A drop of some liquid of volume `0.04 cm^(3)` is placed on the surface of a glass slide. Then, another glass forms a thin layer of area `20 cm^(2)` between the surfaces of the two slides. To separate the slides a force of `16 xx 10^(5)` dyne has to be applied normal to the surfaces. The surface tension of the liquid is (in dyne `cm^(-1))`

To solve the problem step by step, we will follow the logical sequence of calculations based on the information given. ### Step 1: Understand the Given Information We have: - Volume of the liquid drop, \( V = 0.04 \, \text{cm}^3 \) - Area of the thin layer between the slides, \( A = 20 \, \text{cm}^2 \) - Force required to separate the slides, \( F = 16 \times 10^5 \, \text{dyne} \) ### Step 2: Calculate the Length of the Liquid Layer We know that the volume of the liquid is given by the formula: \[ V = A \times h \] where \( h \) is the height (or thickness) of the liquid layer.

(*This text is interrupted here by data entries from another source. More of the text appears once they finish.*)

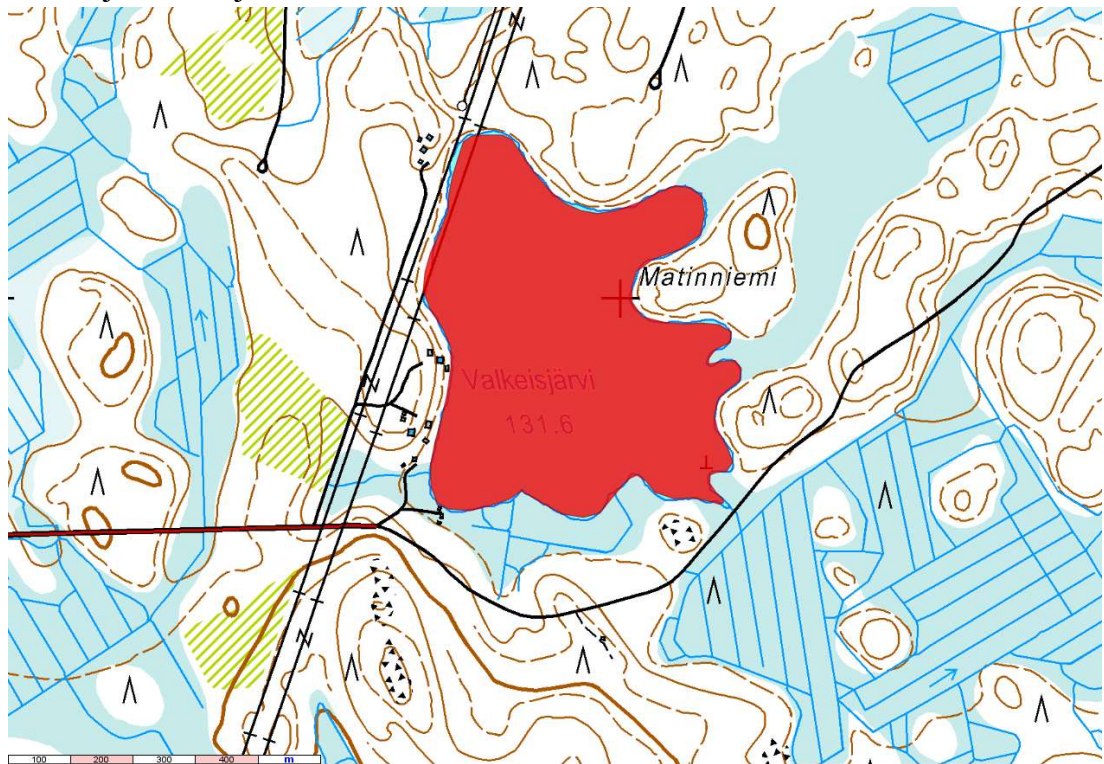

**Karttaliite** Valkeisjärvi, Reisjärvi

LAPIN ELINKEINO-, LIIKENNE- JA YMPÄRISTÖKESKUS

Pohjois-Suomen  
kalatalouspalvelut

Vaihde 0295 037 000  
[www.ely-keskus.fi/lappi](http://www.ely-keskus.fi/lappi)

Toimialue: Lappi, Pohjois-Pohjanmaa,  
Kainuu
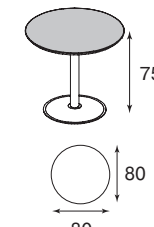

Стол для переговоров
T144ACBACE
359
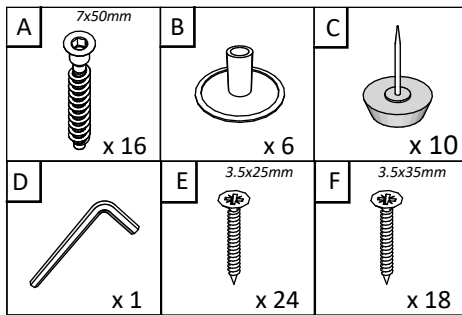

BG ИНСТРУКЦИИ ЗА СГЛОБЯВАНЕ - **Легло - 200 x 160 CM**

RO

NUMAR	LUNGIME	LATIME	BUC	CULOARE
1	2000	200	2	CULOARE
2	1632	330	1	CULOARE
3	1632	685	1	CULOARE
4	2000	230	1	PANOU SPATE
5	2000	80	2	PANOU SPATE
6	1600	580	3	PANOU SPATE
7	230	400	2	PANOU SPATE

EN

NUMBER	LENGTH	WIDTH	PCS	COLOUR
1	2000	200	2	COLOUR
2	1632	330	1	COLOUR
3	1632	685	1	COLOUR
4	2000	230	1	BACK PANNEL
5	2000	80	2	BACK PANNEL
6	1600	580	3	BACK PANNEL
7	230	400	2	BACK PANNEL

HU

SZÁM	HOSSZA	SZÉLES	DARAB	SZÍN
1	2000	200	2	SZÍN
2	1632	330	1	SZÍN
3	1632	685	1	SZÍN
4	2000	230	1	HÁTULSÓ PANEL
5	2000	80	2	HÁTULSÓ PANEL
6	1600	230	6	HÁTULSÓ PANEL
7	230	400	2	HÁTULSÓ PANEL

BG

Номер	Дължина	Ширина	Парчета	Цвят
1	2000	200	2	Цвят
2	1632	330	1	Цвят
3	1632	685	1	Цвят
4	2000	230	1	Заден панел
5	2000	80	2	Заден панел
6	1600	580	3	Заден панел
7	230	400	2	Заден панел

FR

NOMBRE	LONGUEUR	LARGEUR	PIÈCES	COULEUR
1	2000	200	2	COULEUR
2	1632	330	1	COULEUR
3	1632	685	1	COULEUR
4	2000	230	1	PANNEAU ARRIÈRE
5	2000	80	2	PANNEAU ARRIÈRE
6	1600	580	3	PANNEAU ARRIÈRE
7	230	400	2	PANNEAU ARRIÈRE

NUMBER	LENGTH	WIDTH	PCS	COLOUR
1	2000	200	2	COLOUR
2	1632	330	1	COLOUR
3	1632	685	1	COLOUR
4	2000	230	1	BACK PANNEL
5	2000	80	2	BACK PANNEL
6	1600	580	3	BACK PANNEL
7	230	400	2	BACK PANNEL

3

2

4
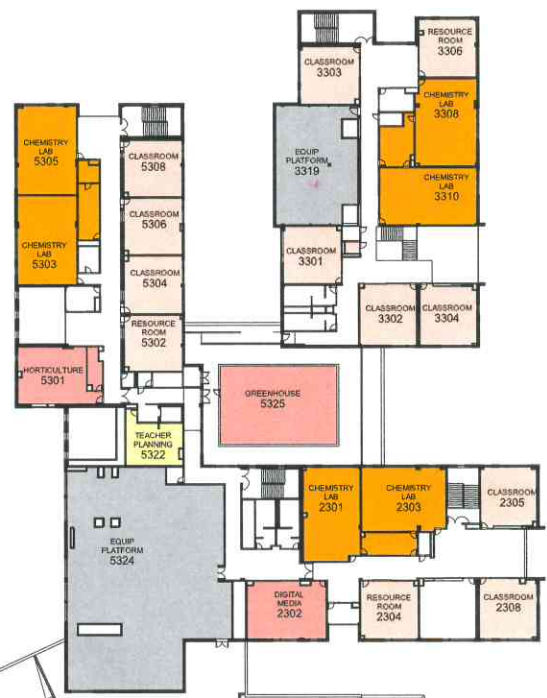

- 1101 Attendance
- 1102 Main Office
- 1129 Nurse
- 1138 Counseling Center
- 2101 Botulinski
- 2102 Carroll
- 2103 Reynier
- 2104 Duba
- 2106 Mizuno
- 2107 Baginski
- 2108 Jackson
- 2110 Holihan
- 3101 Bennett
- 3102 Dais Brenne
- 3102 Dexheimer
- 3102 Hanson
- 3102 Raff
- 3102 Tzucker
- 3102 Evans
- 3104 Cook
- 3105 Myers, A.
- 3107 Turley
- 4102 Lee
- 5102 Buban
- 5102 Preston
- 5104 Meyers
- 5106 Preston
- 5106 Warren
- 5106 Peterson
- 5107 Buban
- 5117 Wildcat Café
- 6116 Stannard
- 6117 Backstrom
- 6118 Weight Room
- 6119 Hoffberg
- 6119 Weathers
- 7104 Leather
- 7105 Isaacs
- 7105 Woodbury
- 7106 Rutherford
- 7107 Brown

Mount Si High School Classroom Map 2022-2023

Level 2

Mount Si High School Classroom Map 2022-2023

- 2301 Nicolas
- 2302 Lemming
- 2303 Kruck
- 2304 Stanton
- 2305 Kimmel
- 2306 Osterloh
- 2308 Arend
- 3301 Lewis
- 3302 Burns
- 3303 Bellersen Lee
- 3304 Grueber
- 3306 Stanford/Bopp
- 3308 Rapin
- 3310 Knowles
- 4301 Tuttle/Gutierrez
- 4303 Williamson-Tabacki
- 4305 Tamburini
- 4306 Lawrence
- 4308 Petrites
- 4309 Kecse-Nagy
- 4311 Spohn
- 4312 Martinell
- 4313 Hutchison
- 4314 Dandurand
- 4316 Leon/Gutierrez
- 5301 Graham
- 5302 Tierney
- 5302 Huff
- 5303 Cooksley
- 5304 Paredes
- 5304 Tawney
- 5305 Fuller
- 5306 McCormick
- 5308 Murphy

Level 3
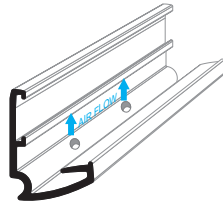

PERFIS

PROFILÉS | PROFILES | PERFILES

TECTEND

PAREDES E TECTOS TENDÊNCIA

02.0001
Perfil Clássico - Normal
PVC

02.0003
Perfil DT-S Ventec
PVC

02.0004
Perfil I/FL

02.0005
Perfil I/FL Ventec

02.0017
Big QVA

02.0018
Perfil Alumínio Perfurado

02.0019
Perfil Calha Técnica

02.0021
Perfil Sanca

02.0023
Perfil Big Classic

02.0024
Perfil Big Sanca 10

02.0025
Perfil Big Sanca 15

02.0026
Perfil Big Sanca 20
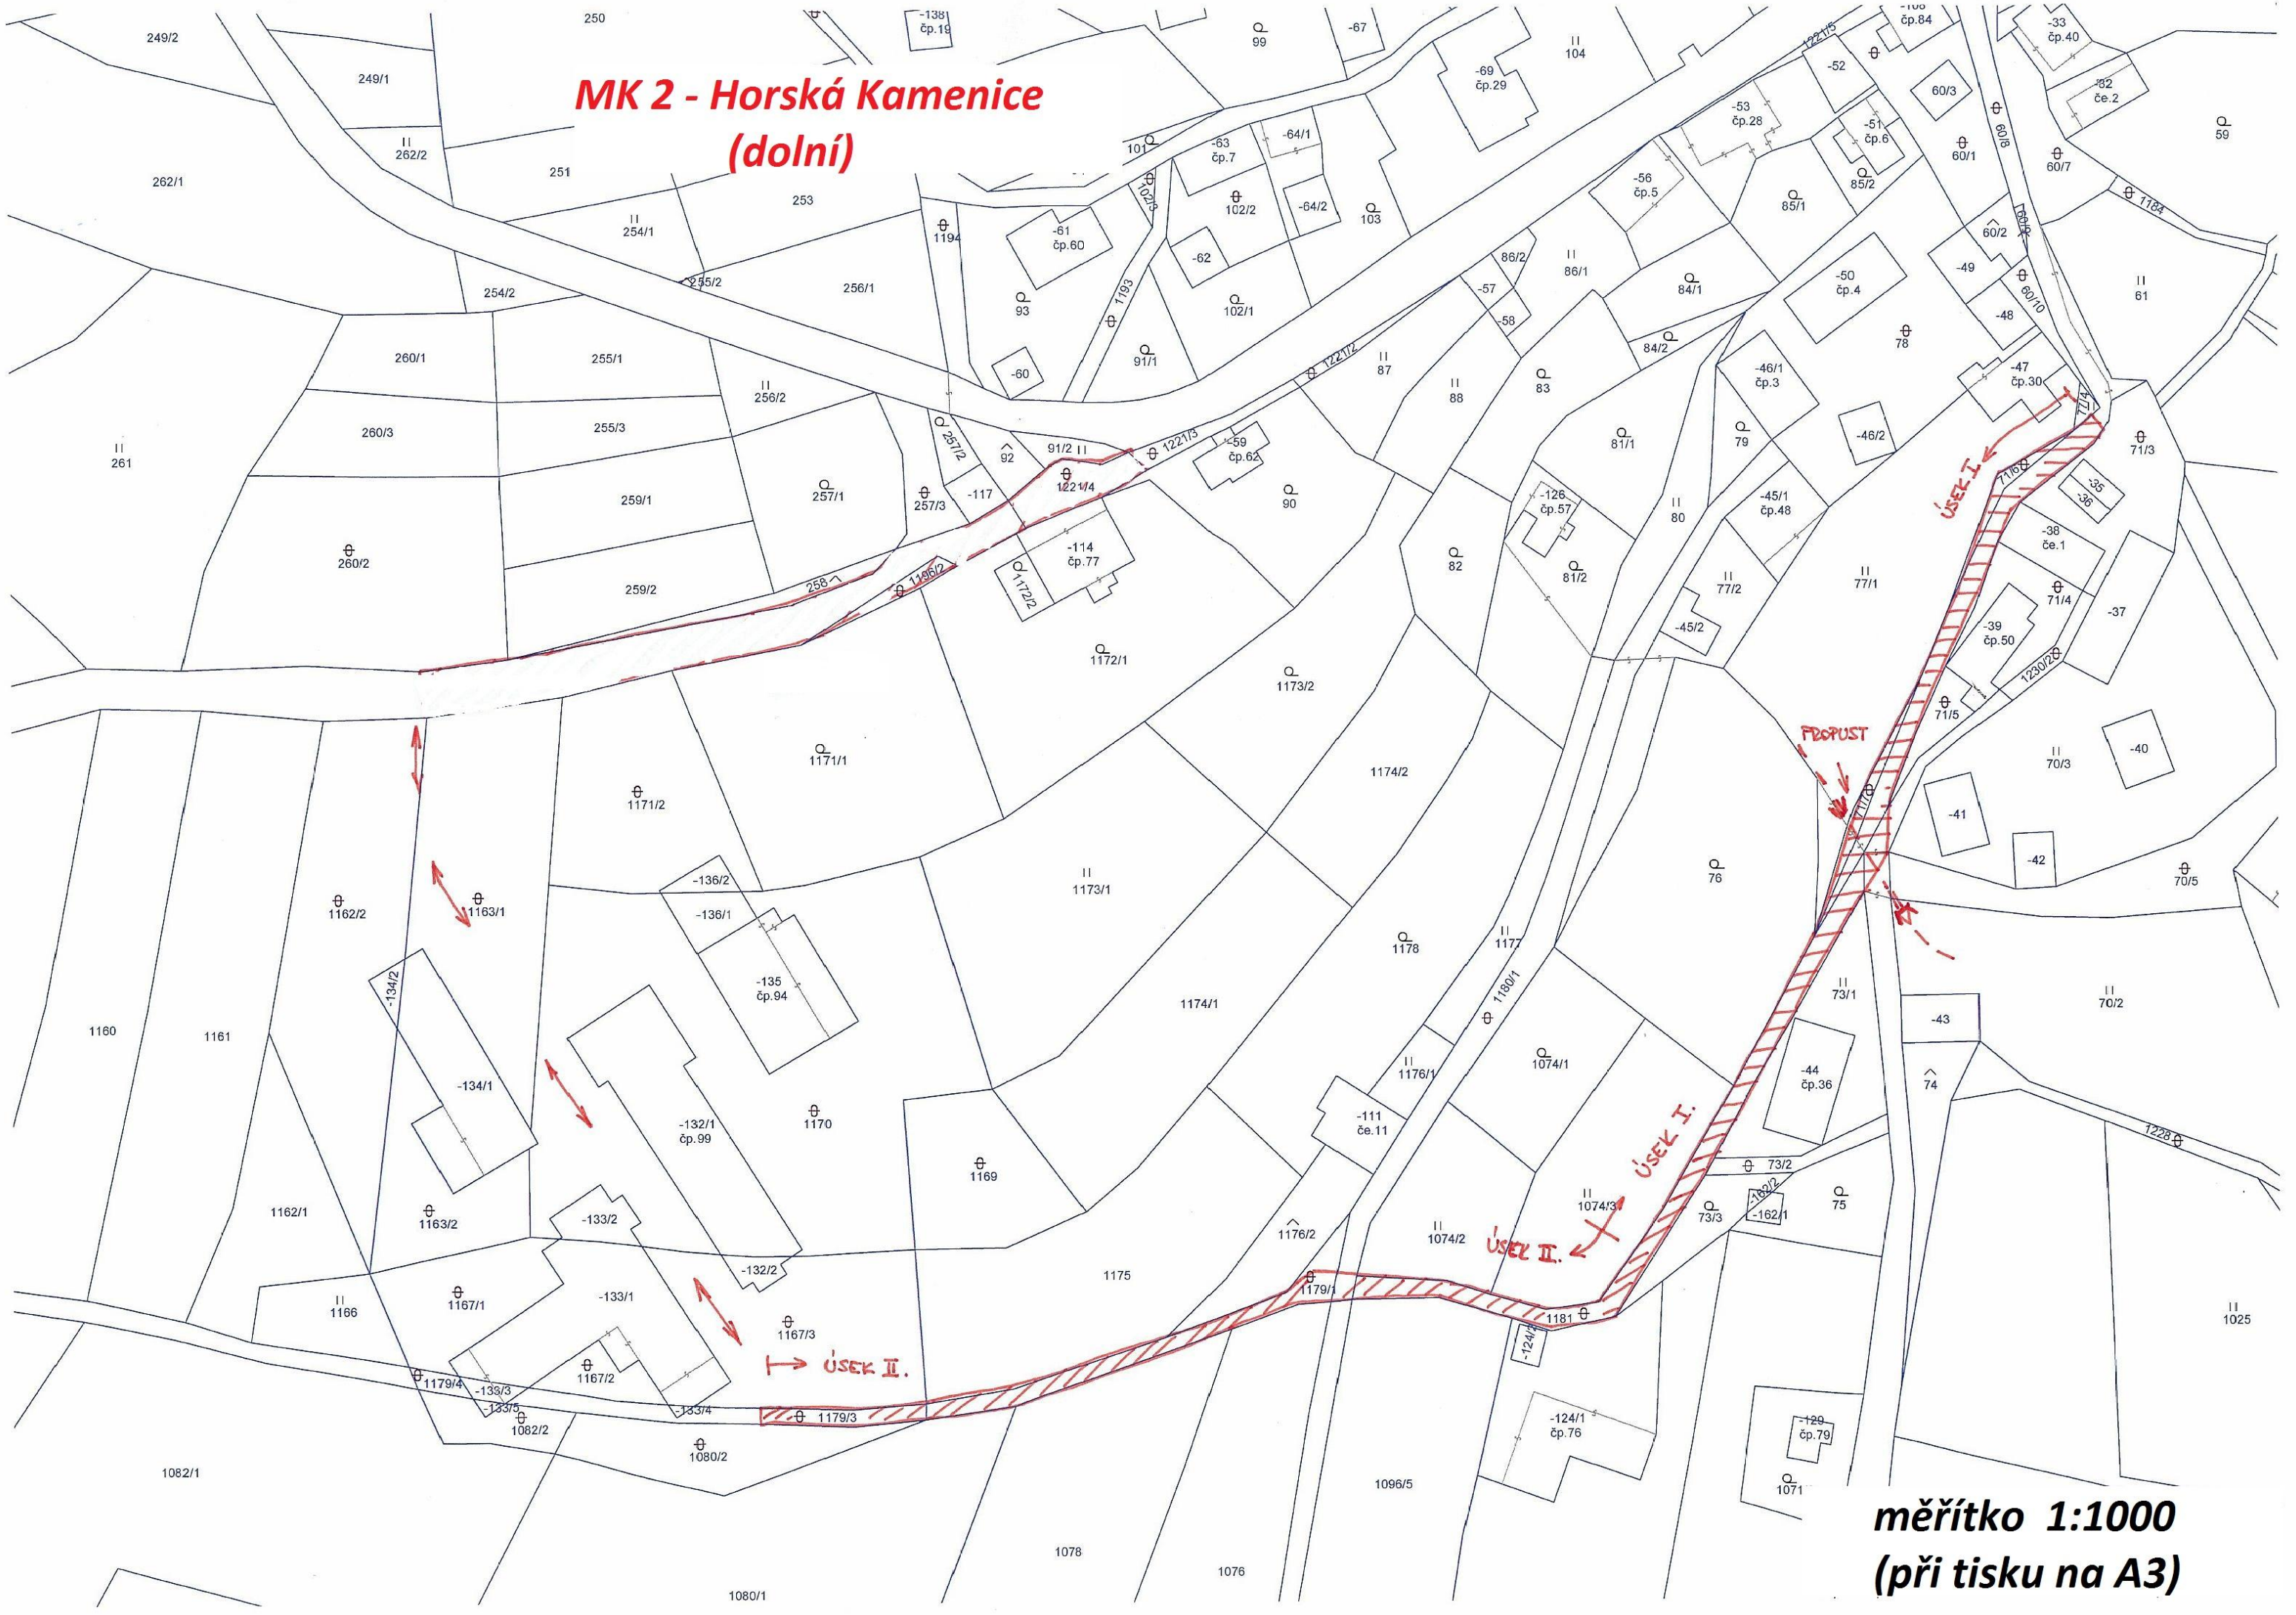

**MK 2 - Horská Kamenice  
(dolní)**

**měřítko 1:1000  
(při tisku na A3)**

Rearranging the formula gives: \[ h = \frac{V}{A} \] Substituting the values: \[ h = \frac{0.04 \, \text{cm}^3}{20 \, \text{cm}^2} = 0.002 \, \text{cm} \] ### Step 3: Calculate the Radius of Curvature The radius of curvature \( R \) for a drop of liquid can be approximated as half the height of the liquid layer: \[ R = \frac{h}{2} = \frac{0.002 \, \text{cm}}{2} = 0.001 \, \text{cm} \] ### Step 4: Calculate the Excess Pressure The excess pressure \( P \) across the liquid layer due to surface tension is given by: \[ P = \frac{F}{A} \] Substituting the values: \[ P = \frac{16 \times 10^5 \, \text{dyne}}{20 \, \text{cm}^2} = 8 \times 10^4 \, \text{dyne/cm}^2 \] ### Step 5: Relate Excess Pressure to Surface Tension The relationship between excess pressure and surface tension \( S \) is given by: \[ P = \frac{S}{R} \] Rearranging this gives: \[ S = P \times R \] ### Step 6: Substitute the Values to Find Surface Tension Now substituting the values of \( P \) and \( R \): \[ S = (8 \times 10^4 \, \text{dyne/cm}^2) \times (0.001 \, \text{cm}) = 80 \, \text{dyne/cm} \] ### Conclusion Thus, the surface tension of the liquid is: \[ \boxed{80 \, \text{dyne/cm}} \]